A Place Called Home by David Ambroz #bookreview #audiobook

Thank you Hachette Audio, #partner for the ALC of A Place Called Home in exchange for my honest review. 

Publisher: Hachette Audio

Published: September 13, 2022

 

Summary:

There are millions of homeless children in America today and in A Place Called Home, award-winning child welfare advocate David Ambroz writes about growing up homeless in New York for eleven years and his subsequent years in foster care, offering a window into what so many kids living in poverty experience every day.

When David and his siblings should be in elementary school, they are instead walking the streets seeking shelter while their mother is battling mental illness. They rest in train stations, 24-hour diners, anywhere that’s warm and dry; they bathe in public restrooms and steal food to quell their hunger. When David is placed in foster care, at first it feels like salvation but soon proves to be just as unsafe. He’s moved from home to home and, in all but one placement, he’s abused. His burgeoning homosexuality makes him an easy target for other’s cruelty.

David finds hope and opportunities in libraries, schools, and the occasional kind-hearted adult; he harnesses an inner grit to escape the all-too-familiar outcome for a kid like him. Through hard work and unwavering resolve, he is able to get a scholarship to Vassar College, his first significant step out of poverty. He later graduates from UCLA Law with a vision of using his degree to change the laws that affect children in poverty.

Told with lyricism and sparkling with warmth, A Place Called Home depicts childhood poverty and homelessness as it is experienced by so many young people who have been systematically overlooked and unprotected.  It’s at once a gripping personal account of deprivation—how one boy survived it, and ultimately thrived—and a resounding call for readers to move from empathy to action.

 

My thoughts:

This was the February bookclub pick for #ZibbysVirtualBookclub and even though I had to miss the meeting at the last minute, I’m glad I had the opportunity to read this book as it really was quite an extraordinary memoir. It actually reminded me quite a bit of another memoir I read, for another bookclub a few years back, Etched in Sand by Regina Calcaterra, which is also about growing up living in and out of foster care and how she overcame that and ultimately thrived, too.
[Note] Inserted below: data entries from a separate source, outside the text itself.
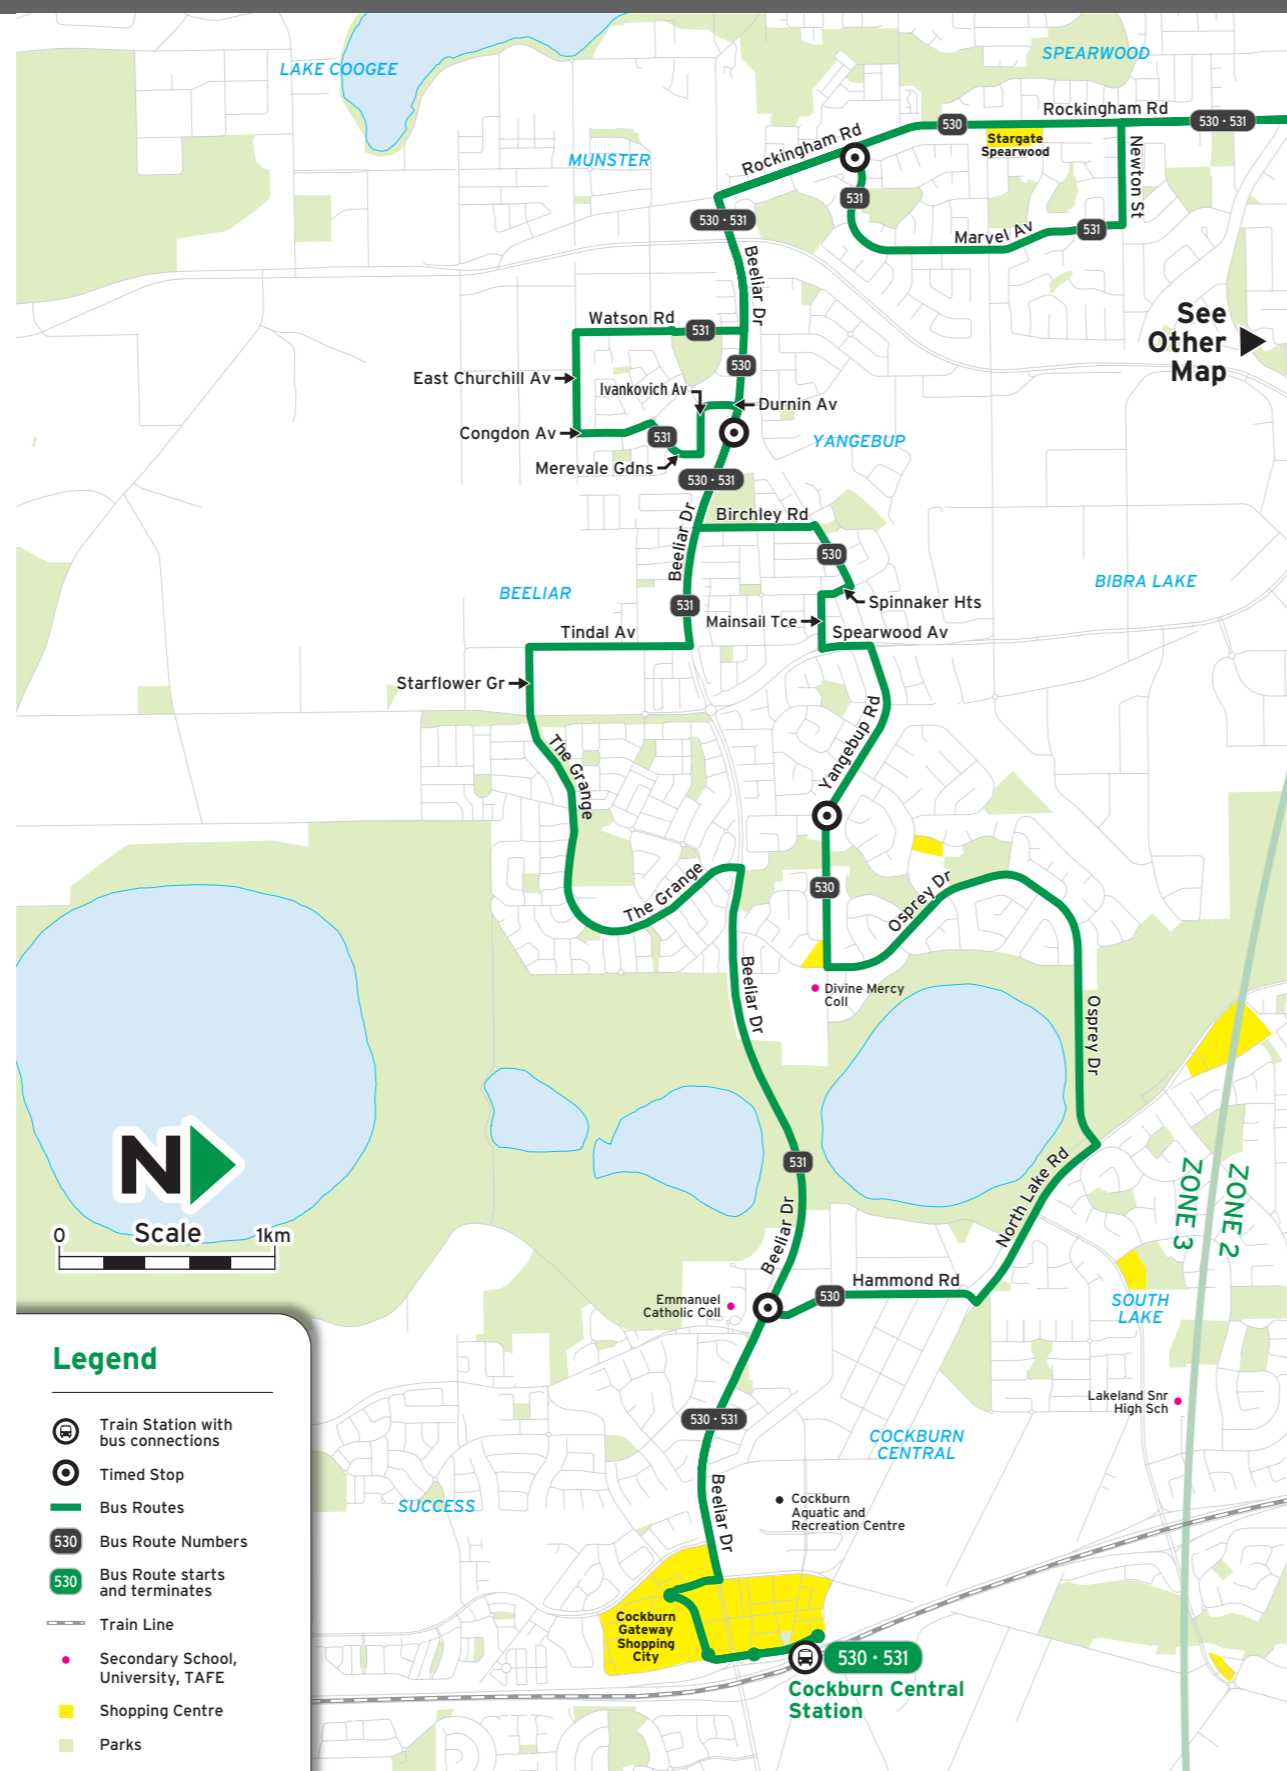

Route 530 - To Fremantle

Timed Stops	23628 / Stand 4	20959	10652	10428 / Stand 1
Route No.	Cockburn Central Stn	Yangebup Rd / Milgun Dr	Rockingham Rd / Carrington St	Fremantle Stn
Monday to Friday (continued)				
530	6:00	6:14	6:31	6:47
530	6:20	6:33	6:49	7:05
530	6:40	6:52	7:08	7:24
530	7:00	7:12	7:27	7:43
530	7:20	7:32	7:47	8:02
530	7:44	7:56	8:11	8:26
530	8:29	8:40	8:55	9:10
530	9:29	9:40	9:55	10:10
530	10:40	10:51	11:04	11:19
530	11:40	11:50	12:03	12:18
Saturday				
am 530	6:21	6:31	6:46	7:01
530	7:29	7:40	7:56	8:14
530	8:29	8:41	8:59	9:19
530	9:29	9:42	10:00	10:21
530	10:29	10:44	11:03	11:24
530	11:29	11:44	12:03	12:24
pm 530	12:29	12:44	1:03	1:24
530	1:29	1:44	2:03	2:22
530	2:29	2:44	3:03	3:22
530	3:29	3:43	4:02	4:21
530	4:29	4:43	5:01	5:20
530	5:29	5:43	6:00	6:19
530	6:29	6:41	6:57	7:16
530	7:29	7:41	7:56	8:13
530	8:29	8:40	8:54	9:10
530	9:40	9:51	10:05	10:20
530	10:40	10:51	11:05	11:20
530	11:40	11:51	12:04	12:19

Sunday and Public Holidays				
am 530	8:29	8:41	8:57	9:15
530	9:29	9:41	9:59	10:18
530	10:29	10:41	11:00	11:21
530	11:29	11:42	12:01	12:22
pm 530	12:29	12:42	1:00	1:20
530	1:29	1:42	2:00	2:20
530	2:29	2:42	3:00	3:20
530	3:29	3:42	4:00	4:20
530	4:29	4:42	4:59	5:19
530	5:29	5:41	5:57	6:15
530	6:29	6:41	6:56	7:13
530	7:29	7:40	7:55	8:10
530	8:40	8:51	9:05	9:20
530	9:40	9:50	10:04	10:19
530	10:40	10:50	11:03	11:17

Route 530, 531 Map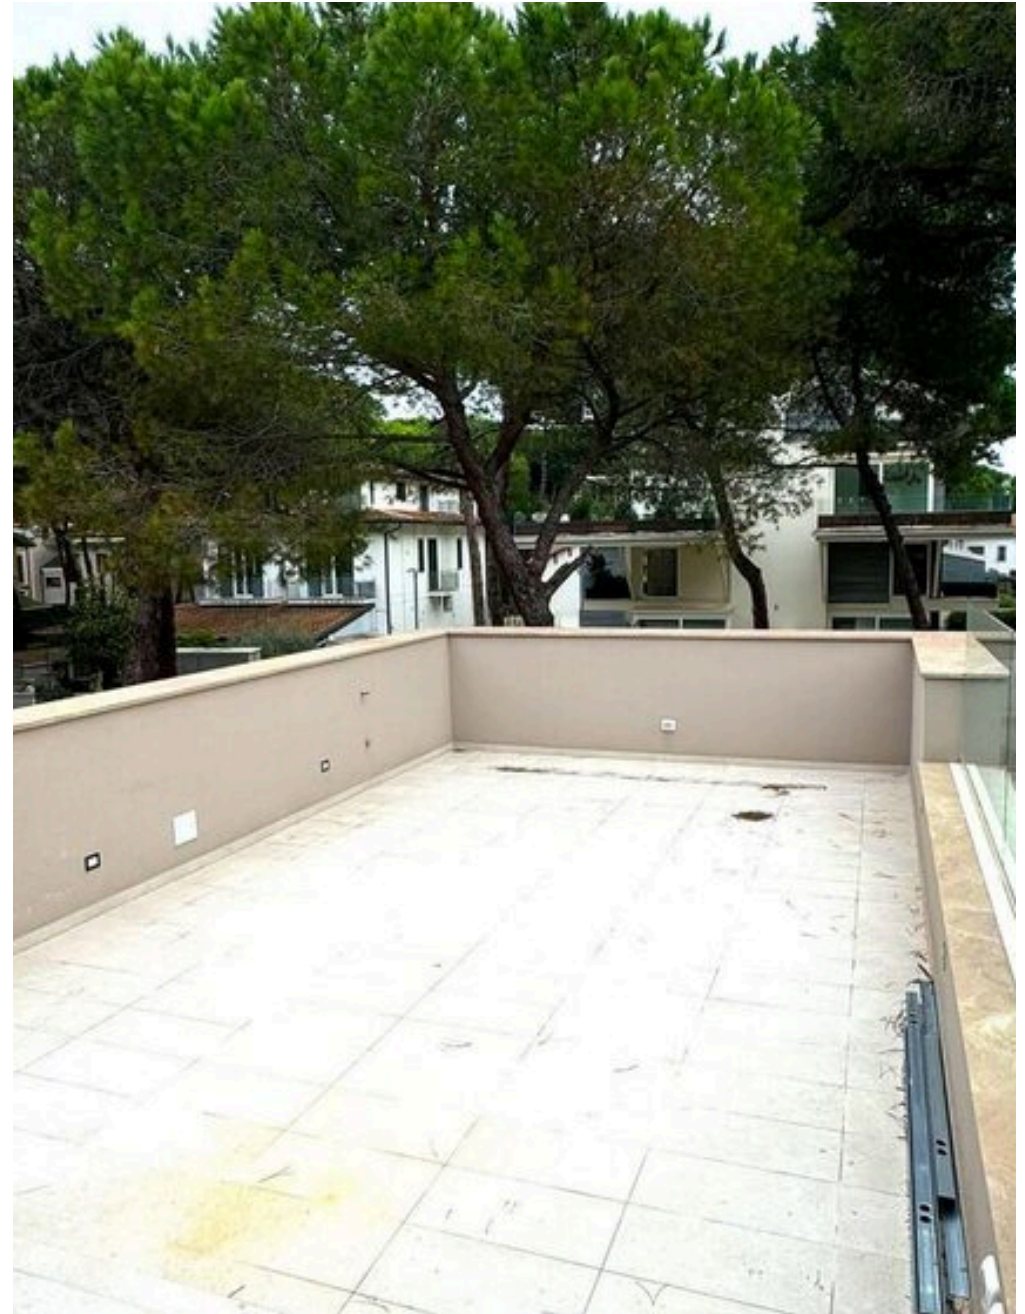

Boero Immobiliare

AGENCIA — GENOVA

CERVIA — EMILIA-ROMAGNA

PISO DE NUEVA CONSTRUCCIÓN EN CERVIA CON TERRAZA Y GARAJE

€ 1.350.000

PRECIO

122 m²

METROS
CUADRADOS

3

HABITACIONES

DESCRIPCIÓN

PISO DE NUEVA CONSTRUCCIÓN EN CERVIA CON TERRAZA Y GARAJE

PINETA LIFEAPARTAMENTO LISTO PARA ENTREGAR, NUEVA CONSTRUCCIÓN. Propiedad de 122 m2 dentro de un complejo de nueva construcción con jardín privado, una plaza de aparcamiento y un garaje de unos 12,5 m2. Consta de un hall

de entrada a un gran salón, dos dormitorios, tres baños con ducha, GRAN TERRAZA EN LA PLANTA. Acabados de alta calidad. Listo para entrar a vivir. Excelente como inversión para ser utilizado como casa de vacaciones.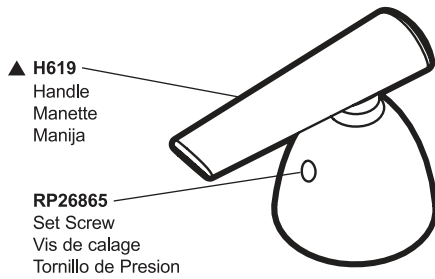

Rhythm™ Roman Tub Trim Garniture de Bain Romain Rhythm™ Adorno Rhythm™ para Bañera Romana

Model/Modelo/Modèle T2782 Series/Series/Seria

Rhythm™ Roman Tub

▲Specify finish / Especificque el Acabado / Précisez le fini

RHYTHM™ ROMAN TUB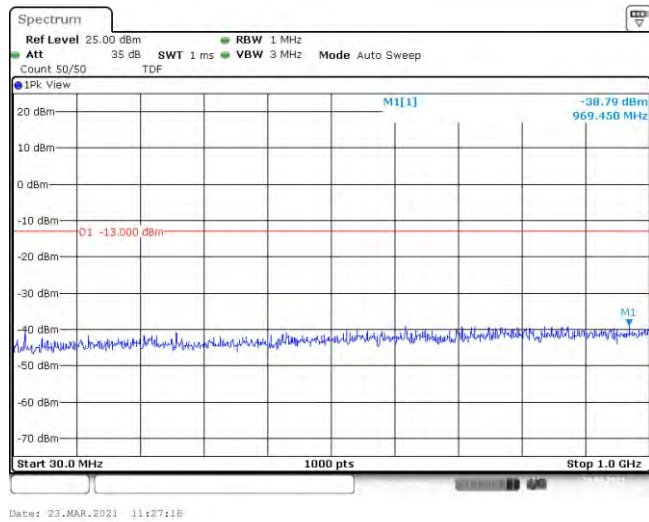

Band4-1.4MHz-QPSK-20175-6RB#0-Range3:2000~20000MHz

Band4-1.4MHz-QPSK-20393-6RB#0-Range1:30~1000MHz

Band4-1.4MHz-QPSK-20393-6RB#0-Range2:1000~2000MHz

Band4-1.4MHz-QPSK-20393-6RB#0-Range3:2000~20000MHz

Band4-1.4MHz-16QAM-19957-6RB#0-Range1:30~1000MHz

This book is not an easy read. It’s heartbreaking and takes you on an emotional journey that will break you…but it’s a journey I’m so glad I took. This is why I love reading memoirs – to walk in someone else’s shoes and know that hard times doesn’t always mean the end. While this story was ever so bleak at times, I loved how David was able to turn things around and then become an advocate for those that find themselves where he had been.

My takeaway is that David shares this book as a way of looking towards reforming the system and not looking to blame the system. It’s broken, we all know that. But as someone who has gone through it, this offers such a unique prospective. He’s now doing something about it. I highly recommend picking this one up…as hard as it was at times, I know I won’t be forgetting it anytime soon.

 

Audio thoughts:

I love listening to memoirs, especially when the author narrates their own story. David was able to tell this story the way he wanted, putting emphasis on what he wanted emphasized. I think it just hits home a little harder when he gets emotional as he tells his own story.